China Securities Co., Ltd. Securities: OpenAI o1 significantly improves logical capability, with a sharp increase in reasoning side computing power consumption.
20/09/2024
GMT Eight
China Securities Co., Ltd. reports that OpenAI has released a new o1 reasoning model with deep thinking capabilities. The model spends more time thinking rather than directly responding to complex problems, demonstrating the ability to improve and adjust strategies, and performing well on complex issues in science, coding, and mathematics. The o1 model from OpenAI integrates tree thinking and reinforcement learning to achieve deep exploration of thinking patterns. The model satisfies the scaling law on the reasoning side, meaning the longer the model spends on reasoning, the stronger its ability to handle complex problems becomes. Through continuous tree retrieval and repeated self-play, o1 demonstrates human-like logical thinking potential. However, the computational power consumption on the reasoning side will significantly increase due to the repeated gameplay in the reasoning process.

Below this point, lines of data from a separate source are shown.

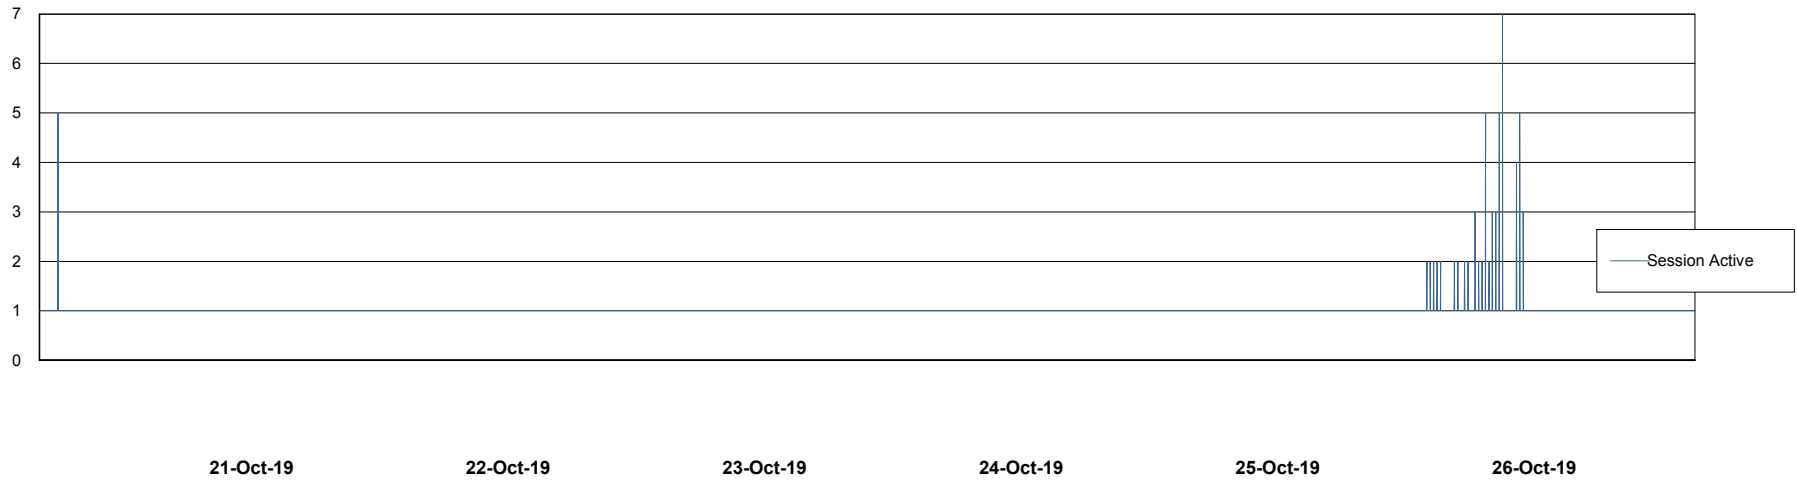

Weekly SLA Customer Report

Customer CIW Production
Database ID 45

Database Performance CIWDB_Production

Weekly SLA Customer Report

Customer CIW Production
Database ID 45

Database Performance CIWDB_Standby

Weekly SLA Customer Report

Customer CIW Production
 Database ID 45

DATABASE SIZE CIWDB_Production

Database growth over last month

Database Tablespace CIWDB_Production

Date	Tablespace Name	Filesize (Gb)	Usedsize (Gb)	Percentage free
26-Oct-19	ABSDATA	44	34	23
	INDX	5	4	20
25-Oct-19	ABSDATA	44	34	23
	INDX	5	4	20
24-Oct-19	ABSDATA	44	34	23
	INDX	5	4	20
23-Oct-19	ABSDATA	44	34	23
	INDX	5	4	20
22-Oct-19	ABSDATA	44	34	23
	INDX	5	4	20
21-Oct-19	ABSDATA	44	34	23
	INDX	5	4	20
20-Oct-19	ABSDATA	44	34	23
	INDX	5	4	20

OpenAI's o1 model has deep thinking capabilities and performs well on complex problems. With the popularity of ChatGPT across social networks, the large model industry has entered a rapidly developing stage. While the fundamental capabilities of models have significantly improved, the Transformer model still has certain limitations in overcoming its architectural constraints, especially when it comes to complex logical reasoning. Prompt engineering has emerged as a solution, significantly enhancing the reasoning capabilities of large models when designed with reasonable prompts. The new o1 reasoning model from OpenAI spends more time thinking rather than responding directly to complex problems, demonstrating excellent performance in improving and adjusting strategies in complex issues such as science, coding, and mathematics.

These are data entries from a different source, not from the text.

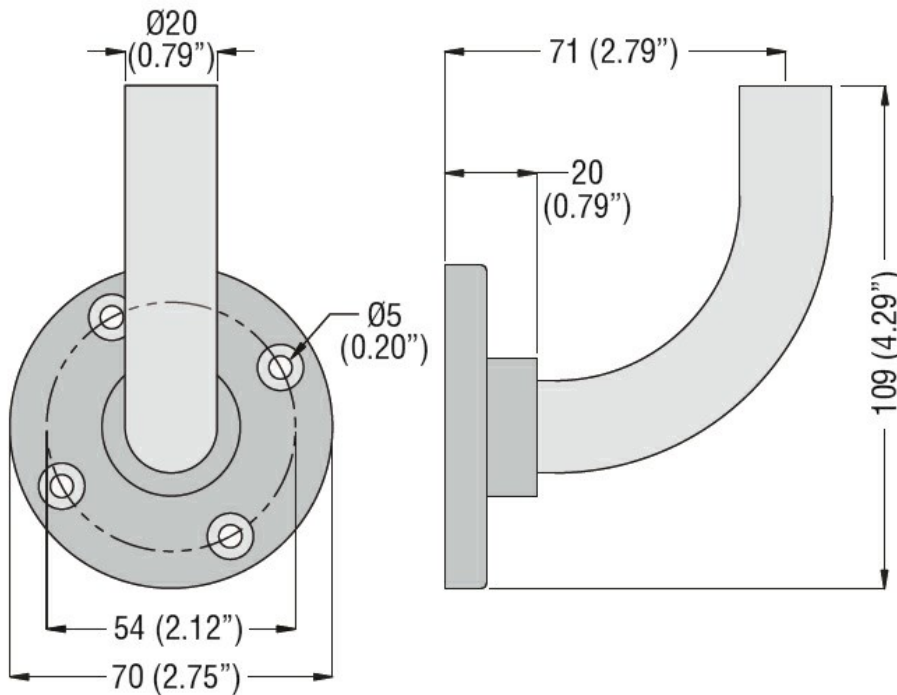

Fixing bases for multicoloured signal towers 70mm/2.75" and signal towers 70mm/2.75" - Wall mount 8LT7BM02

Product designation

Product type designation

General characteristics

Diameter mm - inch 70 / 2.75

Material Metal

Mechanical features

Weight g 184

Dimensions

Certifications and compliance

Compliance /

Certificates /

ETIM classification

ETIM 8.0 EC001153 - Wall bracket for signal tower

The integration of tree thinking and reinforcement learning in the o1 model from OpenAI allows for deep exploration of thinking patterns. By using intermediate reasoning steps, thinking chains and thinking trees help large models achieve complex reasoning capabilities, enabling large language models to evaluate their own intermediate thinking in rigorous reasoning processes. Reinforcement learning is a crucial research area in artificial intelligence, where agents learn continuously through repeated interactions with the environment to maximize rewards. The o1 model from OpenAI deeply integrates tree thinking and reinforcement learning, achieving self-training of thinking trees. By continuously optimizing the structure of its thinking trees through breadth-first and depth-first search, it enables deep exploration of thinking patterns.

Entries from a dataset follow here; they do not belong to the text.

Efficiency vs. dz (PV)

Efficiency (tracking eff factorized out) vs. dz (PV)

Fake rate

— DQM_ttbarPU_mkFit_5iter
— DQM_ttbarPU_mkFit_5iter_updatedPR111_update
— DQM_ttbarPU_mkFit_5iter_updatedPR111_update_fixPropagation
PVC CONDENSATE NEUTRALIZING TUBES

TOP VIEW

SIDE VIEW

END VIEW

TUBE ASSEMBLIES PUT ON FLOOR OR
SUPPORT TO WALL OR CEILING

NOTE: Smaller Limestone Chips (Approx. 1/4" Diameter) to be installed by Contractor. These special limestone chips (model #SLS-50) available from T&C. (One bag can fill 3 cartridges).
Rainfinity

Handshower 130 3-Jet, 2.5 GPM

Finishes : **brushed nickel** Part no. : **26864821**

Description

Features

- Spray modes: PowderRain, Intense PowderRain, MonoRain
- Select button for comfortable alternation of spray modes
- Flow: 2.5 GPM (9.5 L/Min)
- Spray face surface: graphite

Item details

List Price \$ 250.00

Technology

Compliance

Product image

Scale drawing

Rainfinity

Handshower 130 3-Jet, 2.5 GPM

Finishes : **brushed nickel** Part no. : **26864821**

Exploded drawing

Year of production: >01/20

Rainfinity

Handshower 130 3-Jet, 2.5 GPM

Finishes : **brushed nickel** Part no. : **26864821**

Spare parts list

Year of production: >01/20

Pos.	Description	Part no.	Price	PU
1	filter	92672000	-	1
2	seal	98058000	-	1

Similar to the training side, scaling law exists on the reasoning side, with the computational power demand shifting gradually to reasoning. While past studies have confirmed the existence of scaling law on the training side, meaning models become smarter with more training, OpenAI's o1 model has also discovered scaling law on the reasoning side. This indicates that the longer the model spends on reasoning, the stronger its ability to handle complex problems becomes. Through continuous tree retrieval and repeated self-play in the reasoning process, o1 showcases human-like logical thinking potential. As a result of the increased computational power demand in the reasoning process, the overall computational power consumption of large models is gradually shifting from the training side to the reasoning side, playing a crucial long-term role in supporting the overall computational power demand.